* WHAT YOU WILL DO
Retype the whole listing verbatim and keep the pictures out of it.

* DATASET SECTION
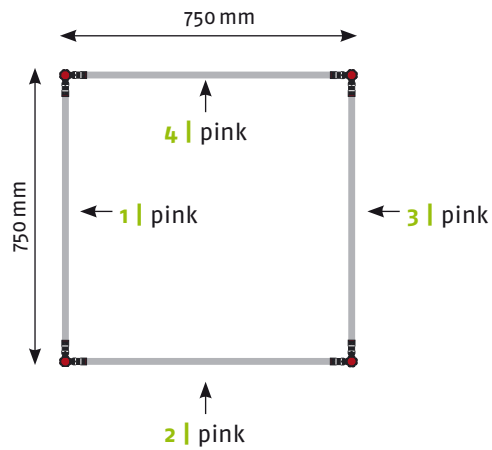

Ansicht | oben
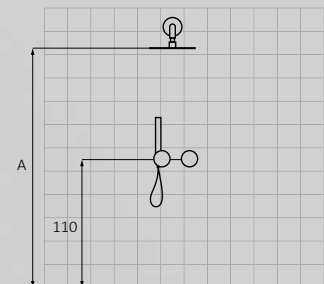

ALTURA USUARIO	150	160	170	180	190
ROCIADOR (A)	190	200	210	220	230

* ANSWER FOR THE TASK
Ansicht | oben

ALTURA USUARIO	150	160	170	180	190
ROCIADOR (A)	190	200	210	220	230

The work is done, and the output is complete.